▸ **Exercise**:
Below are entries; work out how many of their lines hold "bidet", giving only that number.

▸ **Input data**:
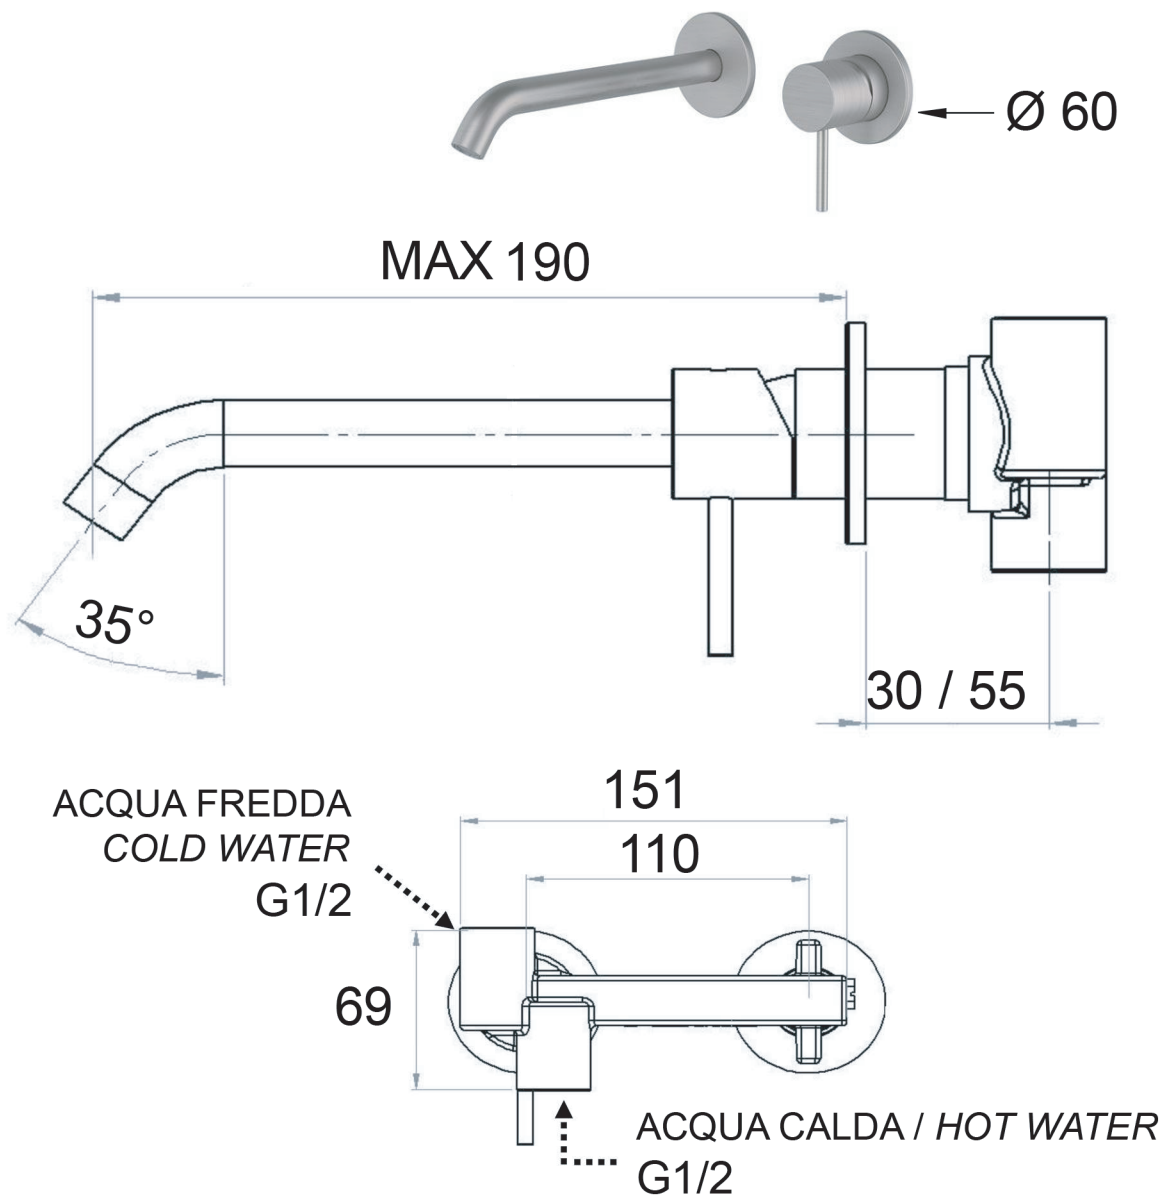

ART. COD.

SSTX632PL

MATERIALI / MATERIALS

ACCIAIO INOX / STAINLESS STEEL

==

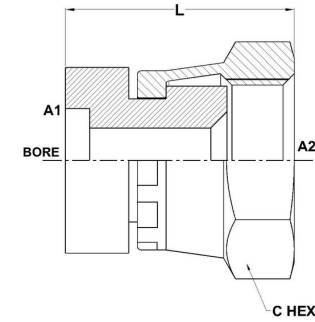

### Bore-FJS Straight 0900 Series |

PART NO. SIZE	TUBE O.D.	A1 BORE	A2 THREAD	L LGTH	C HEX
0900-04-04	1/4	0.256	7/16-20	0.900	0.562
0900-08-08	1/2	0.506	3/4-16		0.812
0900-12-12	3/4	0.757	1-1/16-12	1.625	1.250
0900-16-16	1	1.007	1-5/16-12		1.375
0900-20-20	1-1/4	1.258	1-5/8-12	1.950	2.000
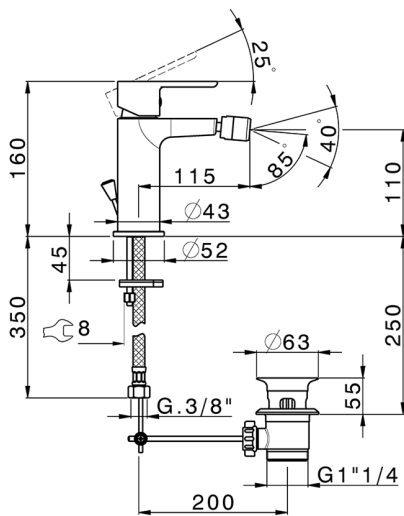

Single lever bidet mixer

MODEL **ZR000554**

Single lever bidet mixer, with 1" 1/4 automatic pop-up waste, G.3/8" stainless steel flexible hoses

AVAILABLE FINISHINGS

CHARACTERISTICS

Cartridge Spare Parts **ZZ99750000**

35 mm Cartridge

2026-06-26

▸ **Your solution**:
2